Any club worth their salt will have carried out some type of research on their regular supporters, they will therefore be aware of the average fan profile and where they are falling short. Are their fewer women attending than on average? Fewer people from ethnic minority communities? In a way to help create more diverse spaces within stadia why not use the discounted ticket scheme to broaden the club’s fanbase and build connections with under-represented groups in the community. Social spaces can offer few occasions for people to engage with their neighbours, regardless of their background, we tend to stick with our small tried and trusted social groups. Perhaps a more diverse football stadium will help create greater social dialogue between supporters from different backgrounds. Similarly perhaps having more women or people of colour at football matches will act as break on the behaviour of the small number of idiots who persist in using racist or sexist abuse. From a global marketing point of view international broadcasters can only benefit if Britain’s diversity is beamed into homes around the world, viewers identifying more when the see that football support is not just homogenous white male but recognise people like themselves in the crowd.

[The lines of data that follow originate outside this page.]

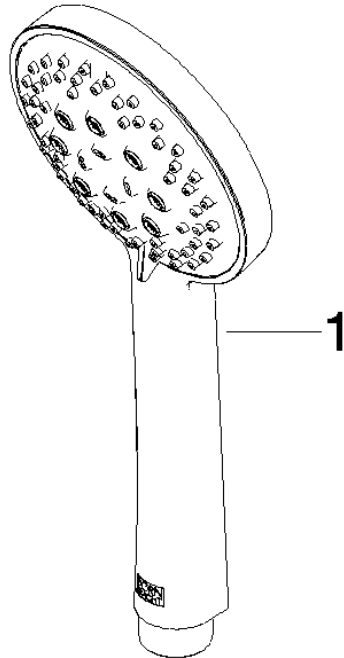

ST 050 303 4892

- sporgenza doccia a stelo 420 mm
- Soffione a pioggia: PURE RAIN, portata max 7 l/min (a 3 bar)
- Soffione a pioggia Ø 220 mm
- soffione a pioggia con sistema anticalcare
- Doccetta: COMPACT RAIN, portata max. 15 l/min (a 3 bar)
- Soffione Ø 100mm
- Deviatore a rotazione doccia a stelo/doccetta
- distanza batteria fino soffione a pioggia (bordo inferiore) 1007mm
- distanza batteria fino bordo superiore arco 1167mm
- Rosetta per supporto doccia Ø 55mm
- Rosetta per fissaggio a muro Ø 57mm
- Rosetta per batteria doccia Ø 65mm
- Interasse 150 mm ± 13 mm
- flessibile doccetta in metallo 1500mm
- ingresso 1/2"
- Diametro del tubo 20 mm

Componenti singoli di questo set

Per questo set sono necessari i seguenti componenti

1x 28 018 979-42

ST 050 303 4892

- A tre o regolazioni: COMPACT RAIN, COMPACT SOFT FLOW, COMPACT AQUAPRESSURE FLOW, portata max. 15 l/min (a 3 bar)
- con sistema anticalcare
- Soffione Ø 100mm
- ingresso 1/2"
- Funzione a partire da: 7 l/min

ST 050 303 4892

mm [inches]

Diagramma di portata

Certificati

LGA_29984.

WRAS_2210003.

ST 050 303 4892

Parts for other
finishes can be found
here: Cromato

Elenco delle parti di ricambio

N.	Codice articolo	Denominazione	Quantità necessaria	Tempo di produzione
1	09 23 01 039 90	setaccio	1	2
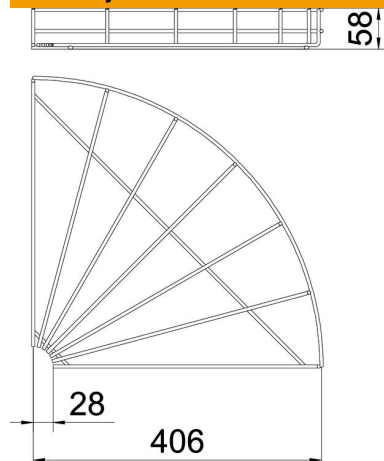

Tehnicki list

Krivina mrežastog nosača kablova 90° FT

Broj artikla: 6002242

Krivina 90°, horizontalna, za mrežaste nosače kablova bočne visine 55 mm.

St čelik

FT toplo pocinkovano potapanjem

Matični podaci

Broj artikla	6002242
Tip	GRB 90 540 FT
Oznaka 1	Luk 90° za rešetkaste žljebove
Proizvođač	OBO
Dimenzija	55x400
Materijal	Čelik
Površina	vruće pocinkano utapanjem
Standard za površinu	DIN EN ISO 1461
Najmanja prodajna jedinica	1
Jedinica količine	Komad
Težina	68,9 kg
Jedinica težine	kg/100 pari

Tehnicki list

Krivina mrežastog nosača kablova 90° FT

Broj artikla: 6002242

Dimenzije

Širina	400 mm
Širina	15,75 in
Visina	55 mm

Tehnički podaci

Savijanje (ugao)	90°
Varijanta spojnice	bez spojnice
Model	Horizontalna krivina
Održavanje funkcionalnosti	ne
Nerđajući čelik, nagrižen	ne

These are simple recommendations and they could work. In some cases variations of these programmes already exist within the Premier League, for example each club has been given a €200,000 fund to subsidize away fan travel. However more needs to be done, it is not enough to have some responsible clubs while others make nothing more than token gestures. The short-termism that is prevalent in some clubs, coupled with the idea that there is no breaking point for football supporters and that they will continue to pay rising prices for tickets means that they are unlikely to be enacted without some form of coercion.
The owners of Hull City and Cardiff City have been happy to ignore the wishes of their loyal supporters and chase unquantified “international markets” as the cash cows for their clubs; the financial rationale for this has never been really made clear. So coercion from the money men would be required, failure to comply with this part of a broadcast service level agreement could mean that a club would lose a percentage of their international TV rights money.
This does not mean that clubs would need to start discounting ten or fifteen thousand tickets for next to nothing, it merely incentivises clubs to do those things that they should be doing anyway, such as fostering greater links with the communities in which they are based, making their supporters feel valued, and making it possible for those at an economic disadvantage to still attend live football.